The platform tuple (generally referenced through the CHOST variable) identifies the platform targeted by the toolchain. For example, it is used as a part of GCC/binutils install paths, effectively allowing toolchains for multiple targets to be installed simultaneously. In clang, it can be used to switch between supported cross-compilation targets, and can control the defaults to match the specified ABI. In Gentoo, it is also used to uniquely identify ABIs for the purpose of multilib support. Because of that, we require that no two co-installable ABIs share the same tuple.

A tuple consists of four parts, separated by hyphens: architecture, vendor, operating system and libc. Of these, vendor is generally freeform but the other three are restricted to some degree. A few semi-equivalent examples of tuples used for 32-bit x86 platform include:

i386-pc-linux-gnu
i686-pc-linux-gnu
i686-unknown-linux-gnu

Historically, two approaches were used to introduce new ABIs. Either the vendor field was changed, or an additional ABI specification was appended to the libc field. For example, Gentoo historically used two different kind of tuples for ARM ABIs with hardware floating-point unit:

armv7a-hardfloat-linux-gnueabi
armv7a-unknown-linux-gnueabihf

The former approach was used earlier, to avoid incompatibility problems resulting from altering other tuple fields. However, as these were fixed and upstreams normalized on the latter solution, Gentoo followed suit.
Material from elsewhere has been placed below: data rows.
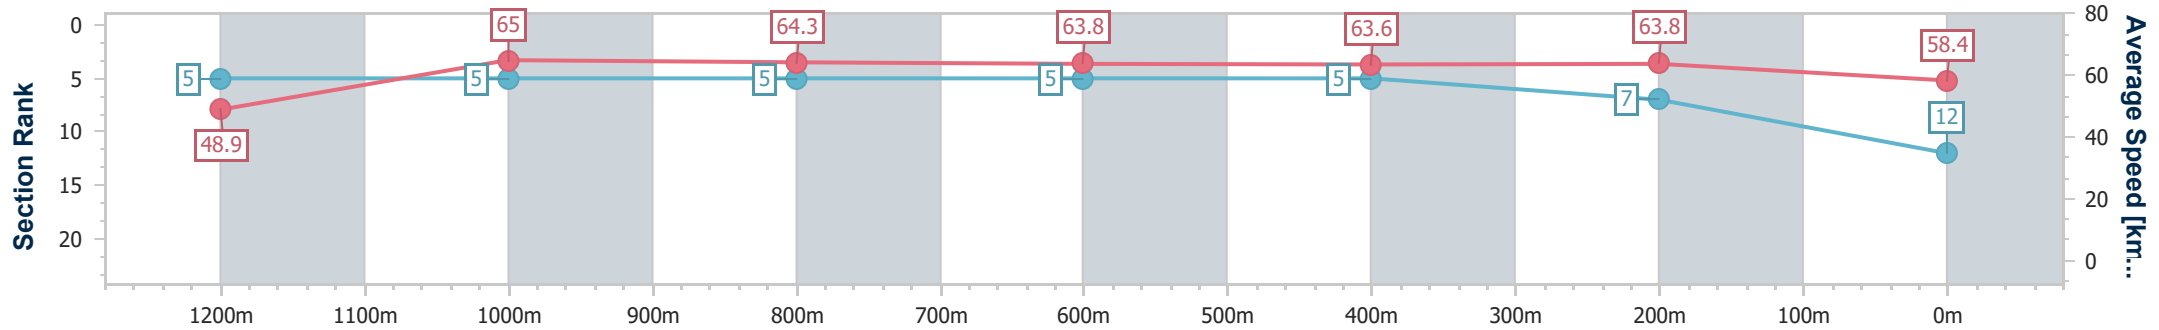

Doomben QLD Professional

Race 8: TATTERSALL'S MEMBERS Class 3 Plate - 1350m

25 February 2023 - 16:28

Track Rating: Good 3, Weather: Fine, Rail Position: +3m Entire Course

BRISBANE RACING CLUB

Section	Overall	1200m	1000m	800m	600m	400m	200m
Section Times	1:19.52 [12] (0:11.04)	1:08.48 [5] (0:11.08)	0:57.40 [5] (0:11.21)	0:46.19 [5] (0:11.26)	0:34.93 [5] (0:11.30)	0:23.63 [5] (0:11.31)	0:12.32 [7] (0:12.32)
Average Speed [km/h]	48.9	65.0	64.3	63.8	63.6	63.8	58.4
Top Speed [km/h]	66.1	66.1	66.1	64.8	64.5	64.7	62.2
Avg. Dist. to Rail [m]	3.3	0.6	0.9	0.3	0.4	1.9	3.1
Avg. Stride Freq. [Hz]	2.1	2.2	2.2	2.2	2.2	2.3	2.1
Avg. Stride Length [m]	6.3	8.0	8.0	7.8	7.8	7.8	7.6

Similarly, the discussion of time64 ABIs resurfaced the same dilemma: should we just “abuse” the vendor field for this, or instead change libc field and fix packages? The main difference is that the former is “cleaner” as a downstream solution limited to Gentoo, while the latter generally opens up discussions about interoperability. Therefore, the options look like:

i686-gentoo_t64-linux-gnu
i686-pc-linux-gnut64
armv7a-gentoo_t64-linux-gnueabihf
armv7a-unknown-linux-gnueabihft64

Fortunately, changing the tuple should not require much patching. The GNU toolchain and GNU build system both ignore everything following “gnu” in the libc field. Clang will require patching — but upstream is likely to accept our patches, and we will want to make patches anyway, as they will permit clang to automatically choose the right ABI based on the tuple.

The libdir change

The term “libdir” refers to the base name of the library install directory. Having different libdirs, and therefore separate library install directories, makes it possible to build multilib systems, i.e. installing multiple ABI variations of libraries on a single system, and making it possible to run executables for different ABIs. For example, this is what makes it possible to run 32-bit x86 executables on amd64 systems.

The libdir values are generally specified in the ABI. Naturally, the baseline value is plain lib. As a historical convention (since 32-bit architectures were first), usually 32-bit platforms (arm, ppc, x86) use lib, whereas their more modern 64-bit counterparts (amd64, arm64, ppc64) use lib64 — even if a particular architecture never really supported multilib on Gentoo.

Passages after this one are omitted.